The higher the isolation level, the higher the potential impact on the performance. Performance may be deteriorated for instance by too many deadlock situations occurring between concurrent transactions or quasi-sequential execution of concurrent transactions caused by a too restrictive isolation level setting.
Keep in mind that isolation levels are technically based on internal locks which will affect more documents with increasing degree of isolation. For instance, increasing the isolation level can mean that not only one single document but its whole doctype is locked. Similarly, the time for which an object is locked may increase significantly by choosing a higher level of isolation.
It is important to understand that Tamino applies locks for query commands based on the index processing during the evaluation of the query.

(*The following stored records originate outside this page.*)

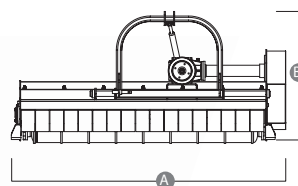

# SPEED

TSP200  
TSP220  
TSP250

TSP130  
TSP150  
TSP160  
TSP180

Trituradora especial para trabajos en hierba, sarmientos de viña, restos de poda de frutal, etc. hasta un diámetro de rama de 4 a 5 cm.

mod.	mm	KG	nº	nº	C.V	R.P.M	nº	A	B	C
TSP130	1300	490	14	28+14	28-38	540	3	1500	910	1200
TSP150	1500	530	16	32+16	38-48	540	3	1700	910	1200
TSP160	1600	565	16	32+16	48-58	540	3	1800	910	1200
TSP180	1800	600	20	40+20	55-68	540	4	2000	910	1200
TSP200	2000	655	22	44+22	65-70	540	4	2200	910	1200
TSP220	2200	705	22	44+22	75-85	540	4	2400	910	1200
TSP250	2500	790	24	48+24	85-100	540	4	2700	910	1200

mod.	mm	KG	nº	nº	C.V	R.P.M	nº	A	B	C
TKM100	1000	470	14	28+14	28-38	540	4	1200	860	1315
TKM130	1300	490	14	28+14	38-48	540	4	1500	860	1315
TKM150	1500	530	16	32+16	48-58	540	4	1700	860	1315
TKM160	1600	565	16	32+16	55-65	540	4	1800	860	1315
TKM180	1800	600	20	40+20	65-70	540	4	2000	860	1315
TKM200	2000	655	22	44+22	70-85	540	5	2200	860	1315
TKM220	2200	705	22	44+22	85-90	540	5	2400	860	1315
TKM250	2500	790	24	48+24	90-95	540	5	2700	860	1315
TKM280	2800	840	24	48+24	95-110	540	5	3000	860	1315

# KOMPACT

Trituradora especial con chasis EXTRA BAJO (máximo 49 cm) para trabajar óptimamente en el interior de plantaciones de frutales, viñedos, etc. Chasis principal construido en ACERO DE ALTA RESISTENCIA DOMEX 700.

This means that depending on which indices are available and which of those are used to evaluate a query documents are locked. In other words it may well be the case that more documents are locked than those that are returned as the result of the query. Having appropriate indices defined is therefore not only important for the speed of queries but also minimizes the number of database objects that are affected by locks.
These considerations generally apply for all databases, they are not specific to Tamino.
The choice of the adequate isolation level means to find a reasonable compromise in such a way that you gain as much isolation, synchronization and performance as you need.